---- Available records

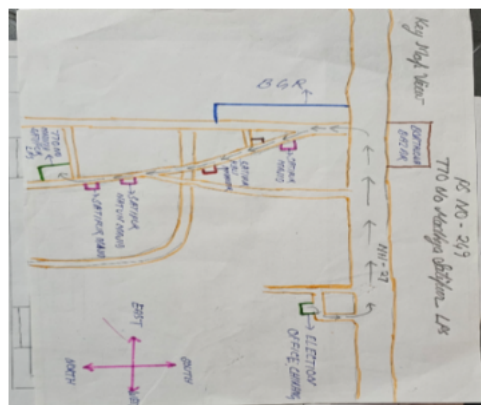

নিৰ্বাচক পঞ্জীয়ন বিষয়াৰ স্বাক্ষৰ

Nazri Naksha

Google Map View

Polling Station Building Front View

ভোটগ্ৰহন কেন্দ্ৰৰ সন্মুখৰ দৃশ্য

Cad View

Key MAP View

1 নাম : জবেদা বেওৱা স্বামীৰ নাম : জাহানুদ্দিন শেখ ঘৰ নং : ৬৭ বয়স : 50 লিঙ্গ : মহিলা	KLM1567131 ফটো উপলব্ধ	2 নাম : সাহেব আলী সেখ মাতৃৰ নাম : জবেদা বেওৱা ঘৰ নং : 67 চ বয়স : 26 লিঙ্গ : পুৰুষ	KLM0610725 ফটো উপলব্ধ	3 নাম : আব্দুল ছাত্তাৰ আলী পিতাৰ নাম : জাহান উদ্দিন সেখ ঘৰ নং : 67 গ বয়স : 27 লিঙ্গ : পুৰুষ	KLM0427104 ফটো উপলব্ধ
4 নাম : ফৰিদা খাতুন স্বামীৰ নাম : আব্দুল ছাত্তাৰ আলী ঘৰ নং : 67 গ বয়স : 25 লিঙ্গ : মহিলা	KLM0551986 ফটো উপলব্ধ	5 নাম : ছফিকুল শেখ পিতাৰ নাম : জাহানুদ্দিন শেখ ঘৰ নং : 67 খ বয়স : 28 লিঙ্গ : পুৰুষ	KLM0455469 ফটো উপলব্ধ	6 নাম : আব্দুল লতিফ পিতাৰ নাম : জাহানুদ্দিন শেখ ঘৰ নং : 67 ক বয়স : 33 লিঙ্গ : পুৰুষ	KLM1571126 ফটো উপলব্ধ
7 নাম : ছাহেবা খাতুন স্বামীৰ নাম : আব্দুল লতিফ ঘৰ নং : 67 বয়স : 27 লিঙ্গ : মহিলা	KLM0504092 ফটো উপলব্ধ	8 নাম : রফিকুল শেখ পিতাৰ নাম : জাহানুদ্দিন শেখ ঘৰ নং : 67 খ বয়স : 30 লিঙ্গ : পুৰুষ	KLM0237057 ফটো উপলব্ধ	9 নাম : আছমিনা খাতুন স্বামীৰ নাম : রফিকুল শেখ ঘৰ নং : 67 খ বয়স : 24 লিঙ্গ : মহিলা	KLM0624692 ফটো উপলব্ধ
10 নাম : সুৰজ জামাল পিতাৰ নাম : জয়নাল ফকিৰ ঘৰ নং : 79 বয়স : 45 লিঙ্গ : পুৰুষ	KLM1571784 ফটো উপলব্ধ	11 নাম : নবিৰন নেছা স্বামীৰ নাম : সুৰজ আলী ঘৰ নং : 79 বয়স : 37 লিঙ্গ : মহিলা	KLM1571455 ফটো উপলব্ধ	12 নাম : সাহিল জামাল পিতাৰ নাম : সুৰজ জামাল ঘৰ নং : 79 বয়স : 21 লিঙ্গ : পুৰুষ	IQ0091322 ফটো উপলব্ধ
13 নাম : ছহৰ আলী পিতাৰ নাম : দানেছ আলী ফকিৰ ঘৰ নং : ৮০ বয়স : 62 লিঙ্গ : পুৰুষ	KLM1567482 ফটো উপলব্ধ	14 নাম : দুৰ্জান বেগম স্বামীৰ নাম : ছহৰ আলী ঘৰ নং : ৮০ বয়স : 55 লিঙ্গ : মহিলা	KLM1567493 ফটো উপলব্ধ	15 নাম : ছাহাৰা খাতুন পিতাৰ নাম : ছহৰ আলী ঘৰ নং : 80 বয়স : 48 লিঙ্গ : মহিলা	IQ0091280 ফটো উপলব্ধ
16 নাম : নবিৰ হুছেন পিতাৰ নাম : ছহৰ আলী ঘৰ নং : ৮০ বয়স : 39 লিঙ্গ : পুৰুষ	KLM1571239 ফটো উপলব্ধ	17 নাম : সাহিদা খাতুন স্বামীৰ নাম : নবিৰ হুছেন ঘৰ নং : ৮০ বয়স : 35 লিঙ্গ : মহিলা	KLM0234823 ফটো উপলব্ধ	18 নাম : জহুৰা খাতুন পিতাৰ নাম : ছহৰ আলী ঘৰ নং : ৮০ বয়স : 35 লিঙ্গ : মহিলা	KLM1571228 ফটো উপলব্ধ
19 নাম : ইমান আলী পিতাৰ নাম : ছহৰ আলী ঘৰ নং : 80 বয়স : 29 লিঙ্গ : পুৰুষ	KLM0411785 ফটো উপলব্ধ	20 নাম : শাজিদা খাতুন স্বামীৰ নাম : ইমান আলী ঘৰ নং : ৮০ বয়স : 26 লিঙ্গ : মহিলা	KLM0624650 ফটো উপলব্ধ	21 নাম : সুৰজ জামাল পিতাৰ নাম : ওমতুল্লা পৰামানিক ঘৰ নং : ৮১ বয়স : 67 লিঙ্গ : পুৰুষ	KLM1567517 ফটো উপলব্ধ
22 নাম : বাবিয়া খাতুন স্বামীৰ নাম : হাছেন আলী পৰামানিক ঘৰ নং : ৮১ বয়স : 54 লিঙ্গ : মহিলা	KLM1567540 ফটো উপলব্ধ	23 নাম : হনফা খাতুন স্বামীৰ নাম : সুৰজ জামাল ঘৰ নং : ৮১ বয়স : 53 লিঙ্গ : মহিলা	KLM1567528 ফটো উপলব্ধ	24 নাম : বুফল পৰামানিক পিতাৰ নাম : হাছেন আলী পৰামানিক ঘৰ নং : ৮১ বয়স : 38 লিঙ্গ : পুৰুষ	KLM1571240 ফটো উপলব্ধ
25 নাম : ছানিৰাৰা খাতুন পিতাৰ নাম : সুৰজ জামাল ঘৰ নং : 81 বয়স : 35 লিঙ্গ : মহিলা	KLM1164649 ফটো উপলব্ধ	26 নাম : রফিক আলী পৰামানিক পিতাৰ নাম : হাছেন আলী পৰামানিক ঘৰ নং : ৮১ বয়স : 33 লিঙ্গ : পুৰুষ	KLM0258228 ফটো উপলব্ধ	27 নাম : নাৰজিমা খাতুন পিতাৰ নাম : সুৰজ জামাল ঘৰ নং : 81 বয়স : 24 লিঙ্গ : মহিলা	KLM1164383 ফটো উপলব্ধ
28 নাম : মৰ্জিনা খাতুন পিতাৰ নাম : হাছেন আলী পৰামানিক ঘৰ নং : 81 বয়স : 24 লিঙ্গ : মহিলা	IQ0031583 ফটো উপলব্ধ	29 নাম : আৰজুমা বেগম স্বামীৰ নাম : বুফল পৰামানিক ঘৰ নং : 81 বয়স : 20 লিঙ্গ : মহিলা	IQ0031229 ফটো উপলব্ধ	30 নাম : সুৰতন বেওৱা স্বামীৰ নাম : তৈমুদ্দিন পৰামানিক ঘৰ নং : ৮১ ক বয়স : 66 লিঙ্গ : মহিলা	KLM1567539 ফটো উপলব্ধ

--------

Pictures are to be left out, and the lines from the beginning of the records through the line with "4 নাম : ফৰিদা" are to be printed exactly, with nothing added.

The completed task:
নিৰ্বাচক পঞ্জীয়ন বিষয়াৰ স্বাক্ষৰ

Nazri Naksha

Google Map View

Polling Station Building Front View

ভোটগ্ৰহন কেন্দ্ৰৰ সন্মুখৰ দৃশ্য

Cad View

Key MAP View

1 নাম : জবেদা বেওৱা স্বামীৰ নাম : জাহানুদ্দিন শেখ ঘৰ নং : ৬৭ বয়স : 50 লিঙ্গ : মহিলা	KLM1567131 ফটো উপলব্ধ	2 নাম : সাহেব আলী সেখ মাতৃৰ নাম : জবেদা বেওৱা ঘৰ নং : 67 চ বয়স : 26 লিঙ্গ : পুৰুষ	KLM0610725 ফটো উপলব্ধ	3 নাম : আব্দুল ছাত্তাৰ আলী পিতাৰ নাম : জাহান উদ্দিন সেখ ঘৰ নং : 67 গ বয়স : 27 লিঙ্গ : পুৰুষ	KLM0427104 ফটো উপলব্ধ
4 নাম : ফৰিদা খাতুন স্বামীৰ নাম : আব্দুল ছাত্তাৰ আলী ঘৰ নং : 67 গ বয়স : 25 লিঙ্গ : মহিলা	KLM0551986 ফটো উপলব্ধ	5 নাম : ছফিকুল শেখ পিতাৰ নাম : জাহানুদ্দিন শেখ ঘৰ নং : 67 খ বয়স : 28 লিঙ্গ : পুৰুষ	KLM0455469 ফটো উপলব্ধ	6 নাম : আব্দুল লতিফ পিতাৰ নাম : জাহানুদ্দিন শেখ ঘৰ নং : 67 ক বয়স : 33 লিঙ্গ : পুৰুষ	KLM1571126 ফটো উপলব্ধ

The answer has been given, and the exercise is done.